--- Records supplied Enclosed Below ---
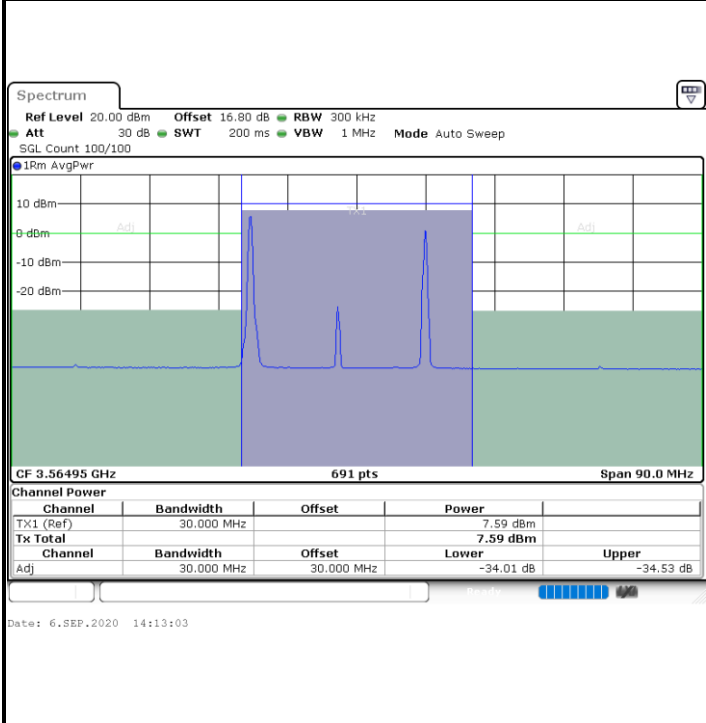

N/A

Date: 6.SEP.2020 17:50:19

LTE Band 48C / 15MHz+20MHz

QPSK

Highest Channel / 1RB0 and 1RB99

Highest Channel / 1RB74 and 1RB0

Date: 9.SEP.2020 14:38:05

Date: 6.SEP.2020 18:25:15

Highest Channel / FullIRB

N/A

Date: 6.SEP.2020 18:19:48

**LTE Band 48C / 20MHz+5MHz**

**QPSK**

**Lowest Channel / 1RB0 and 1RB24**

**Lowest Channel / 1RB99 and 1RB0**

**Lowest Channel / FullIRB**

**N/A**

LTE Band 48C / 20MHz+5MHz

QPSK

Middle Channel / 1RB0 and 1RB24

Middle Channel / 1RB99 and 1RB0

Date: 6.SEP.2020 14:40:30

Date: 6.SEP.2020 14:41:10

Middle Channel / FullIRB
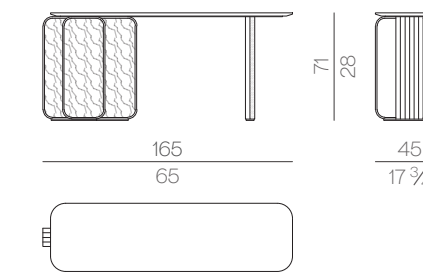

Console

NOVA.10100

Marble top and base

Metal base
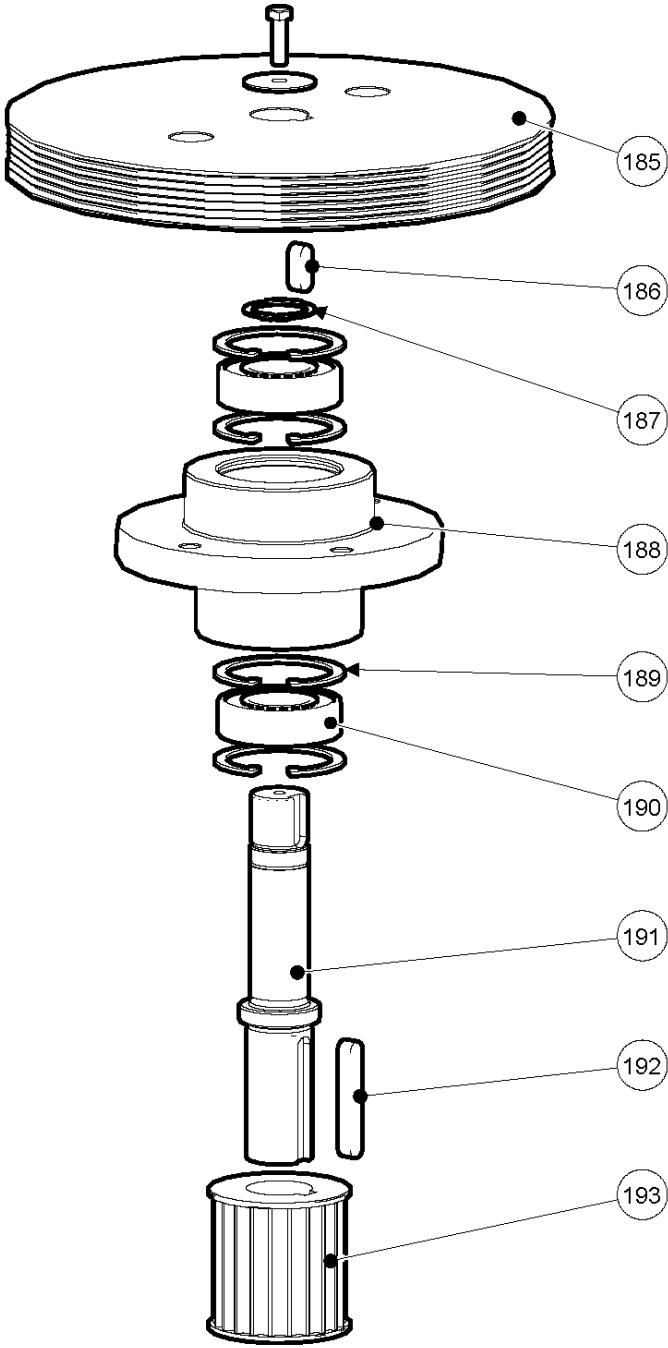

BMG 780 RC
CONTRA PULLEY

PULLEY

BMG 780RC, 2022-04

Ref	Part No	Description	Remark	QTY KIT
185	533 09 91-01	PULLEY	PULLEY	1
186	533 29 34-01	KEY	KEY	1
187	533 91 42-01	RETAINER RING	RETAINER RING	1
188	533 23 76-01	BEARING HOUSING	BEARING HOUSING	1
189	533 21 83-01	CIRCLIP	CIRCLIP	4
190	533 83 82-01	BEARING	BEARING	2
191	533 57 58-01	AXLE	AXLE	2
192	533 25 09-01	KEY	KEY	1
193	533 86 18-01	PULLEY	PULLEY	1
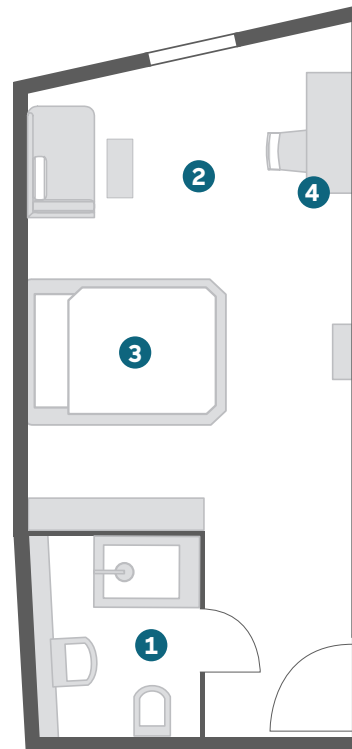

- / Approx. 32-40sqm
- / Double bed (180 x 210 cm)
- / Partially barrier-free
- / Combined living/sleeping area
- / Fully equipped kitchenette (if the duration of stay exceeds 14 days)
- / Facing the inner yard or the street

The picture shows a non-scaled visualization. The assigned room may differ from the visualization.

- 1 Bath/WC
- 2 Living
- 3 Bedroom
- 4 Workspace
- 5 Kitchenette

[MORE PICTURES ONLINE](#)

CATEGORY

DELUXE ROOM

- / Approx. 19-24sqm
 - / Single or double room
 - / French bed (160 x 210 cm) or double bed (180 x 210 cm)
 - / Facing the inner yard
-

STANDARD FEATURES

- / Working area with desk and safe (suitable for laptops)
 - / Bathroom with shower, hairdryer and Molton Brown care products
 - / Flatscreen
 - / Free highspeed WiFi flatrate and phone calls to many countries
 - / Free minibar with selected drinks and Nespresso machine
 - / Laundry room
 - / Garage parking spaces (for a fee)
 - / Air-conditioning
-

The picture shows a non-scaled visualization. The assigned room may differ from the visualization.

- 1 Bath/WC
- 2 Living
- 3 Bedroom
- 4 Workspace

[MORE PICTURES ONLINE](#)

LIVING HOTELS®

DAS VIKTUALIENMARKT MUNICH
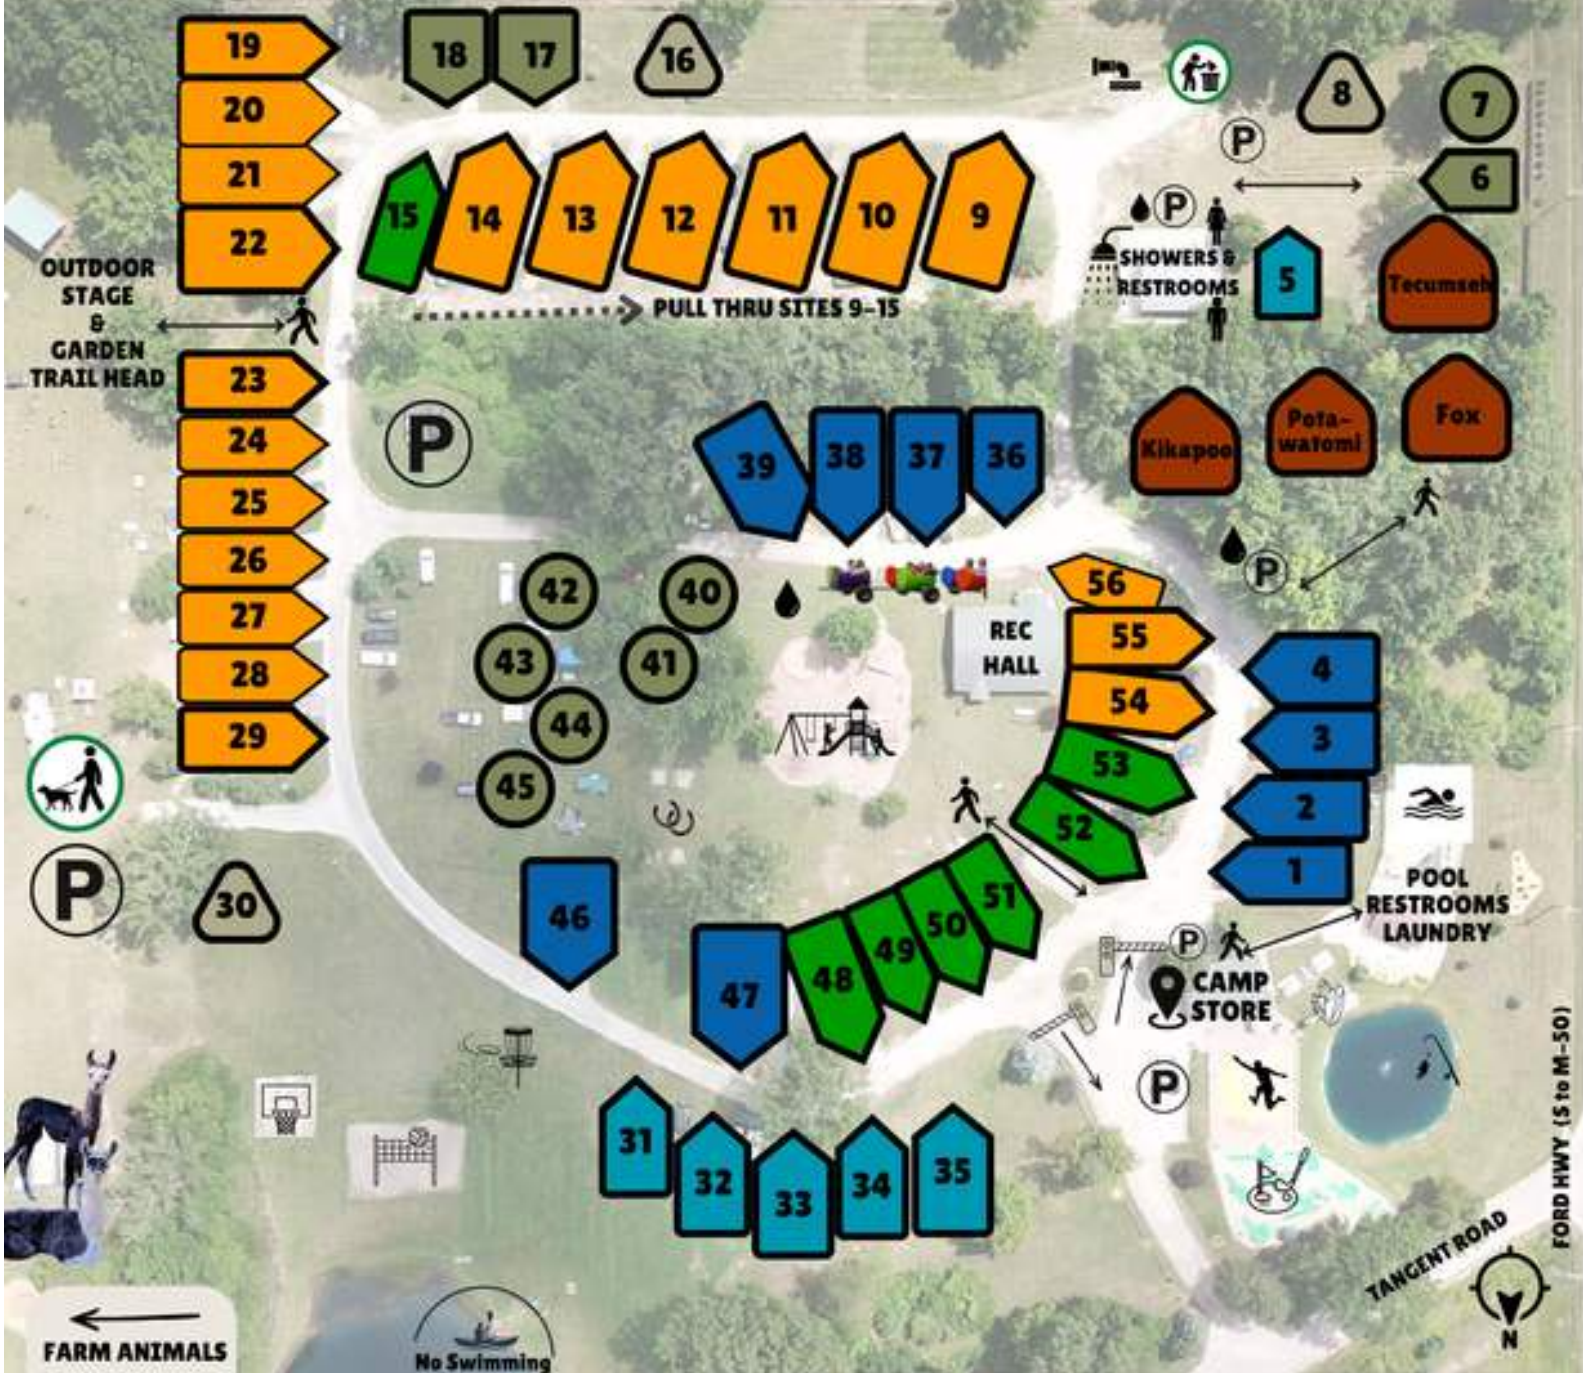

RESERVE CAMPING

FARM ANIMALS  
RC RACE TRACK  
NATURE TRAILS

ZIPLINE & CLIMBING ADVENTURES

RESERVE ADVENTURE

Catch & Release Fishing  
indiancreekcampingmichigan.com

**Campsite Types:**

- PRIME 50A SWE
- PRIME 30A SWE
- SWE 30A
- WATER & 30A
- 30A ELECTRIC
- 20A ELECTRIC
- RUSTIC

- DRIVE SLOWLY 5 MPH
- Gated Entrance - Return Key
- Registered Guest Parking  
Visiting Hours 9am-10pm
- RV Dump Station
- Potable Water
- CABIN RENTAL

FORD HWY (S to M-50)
--- End of Enclosed Records supplied ---
▶ **Try it**
Where does the word "Highest" appear in the listing above? Copy every line that holds it.

▶ **Result**
Highest Channel / 1RB0 and 1RB99
Highest Channel / 1RB74 and 1RB0
Highest Channel / FullIRB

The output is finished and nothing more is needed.